I believe there comes a time when we have to take a stand of faith - when we finalize that decision that God is who He says He is - that He will do everything that He says He will do and that we are everything that He says we are. Until we reach this point we are always going to waiver in our beliefs of God. Trust in God cannot be unsettled or wavering, for if it is, then Satan always will have an easy target to attack our faith. I encourage you to ask the Lord to search your heart and reveal any area where you might be holding back something or someone that is dear to you. Our trust in God must be willing to have no limits. There are reasons that we will never know, for all the things God does. That is what trusting in Him is all about. Having faith means having faith that God will perform what's best for not only you, but all the other's involved in the situation as well. It's in the giving up of everything that God will richly bless you in receiving everything! Every blessing! Every promise! Every provision! We are living in monumental times! We are being prepared for greater works!

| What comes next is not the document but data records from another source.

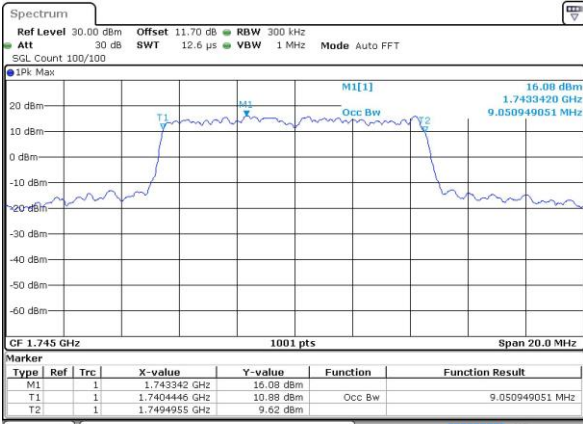

Date: 30 AUG 2018 16:56:55

Middle Channel / 5MHz / 16QAM

Date: 30 AUG 2018 16:57:06

Highest Channel / 5MHz / QPSK

Date: 30 AUG 2018 16:59:23

Highest Channel / 5MHz / 16QAM

Date: 30 AUG 2018 16:59:34

LTE Band 66

Lowest Channel / 10MHz / QPSK

Date: 30 AUG 2018 17:06:31

Lowest Channel / 10MHz / 16QAM

Date: 30 AUG 2018 17:06:42

Middle Channel / 10MHz / QPSK

Date: 30 AUG 2018 17:13:39

Middle Channel / 10MHz / 16QAM

Date: 30 AUG 2018 17:13:50

Highest Channel / 10MHz / QPSK

Date: 30 AUG 2018 17:16:07

Highest Channel / 10MHz / 16QAM

Date: 30 AUG 2018 17:16:18

LTE Band 66

Lowest Channel / 15MHz / QPSK

Date: 30 AUG 2018 17:23:15

Lowest Channel / 15MHz / 16QAM

"Except the Lord build the house, they labor in vain that build it." Psalm 127:1
Release the building of your house - your future - to the Lord and don't make the mistake of trying to build it yourself or your work will all be in vain. Don't make the same mistakes of your past in the days ahead. Remember to pray this prayer in Colossians that God has given to us. It was written in the New Testament for you! Put your name in there! It's a prayer that you can be sure that God will answer. God WILL fill you with His knowledge and understanding.